Mr Henry Ray (Te Reiwhati) Vercoe v Whicon Pty Limited
[2010] FWA 5985
•9 AUGUST 2010
[2010] FWA 5985 |
|
DECISION |
Fair Work Act 2009
s.394 - Application for unfair dismissal remedy
Mr Henry Ray (Te Reiwhati) Vercoe
v
Whicon Pty Limited
(U2009/15041)
COMMISSIONER ASBURY | BRISBANE, 9 AUGUST 2010 |
Application for unfair dismissal remedy - jurisdiction - failure of applicant to attend.
Background
[1] This decision concerns an application by Mr Henry Ray (Te Reiwhati) Vercoe (the Applicant) for relief in relation to the termination of his employment from Whicon Pty Ltd (the Respondent) pursuant to s.394 of the Fair Work Act 2009 (the Act). The application was lodged with Fair Work Australia on 30 December 2009.
[2] On 29 January 2010 Fair Work Australia received an Employer’s Response from the Respondent’s representatives which included a jurisdictional objection on the grounds that the Applicant was engaged under a casual contract of employment, and that the reason for the Applicant’s dismissal was a case of genuine redundancy.

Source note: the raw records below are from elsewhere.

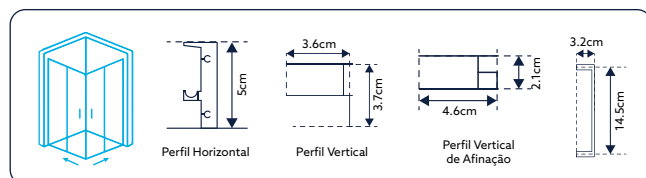

**CABINE DE BASE DUCHE SEMICIRCULAR TM FIRST
VIDRO DE 5MM ALTURA 185CM**

VIDRO LISO

Art.:040682	80x80	77.5-80-77.5	€242.51
Art.:040683	90x90	87.5-90-87.5	€261.33

Vidro Liso de 5mm Temperado | Perfil Alumínio Cromado Design Quadrado | Pegas em ABS Design Quadrado | Roldanas Duplas (Superior e Inferior) em Latão Cromado de Fácil Remoção do Vidro para Limpeza | 2 Portas de Correr ao Centro | Fecho Magnético | Limpa-Gotas | **Altura 185cm** | **Reversível** | **Afinação: 2.5cm de cada lado.**

[3] The matter was unable to be resolved at a conciliation conference on 3 February 2010 and was subsequently referred to me for determination as to whether the Applicant’s dismissal was a case of genuine redundancy.
[4] The application was listed for Jurisdiction hearing, by telephone, on 10 March 2010. The parties were requested to provide contact names and numbers by close of business on 1 March 2010. The Notice of Listing was sent to the Applicant via the email address and the postal address provided in the application.
[5] Fair Work Australia did not receive contact details from the Applicant. Attempts were made to contact the Applicant on 9 March 2010, the day prior to the hearing, and again on 10 March 2010, the day of the hearing. No contact could be made with the Applicant.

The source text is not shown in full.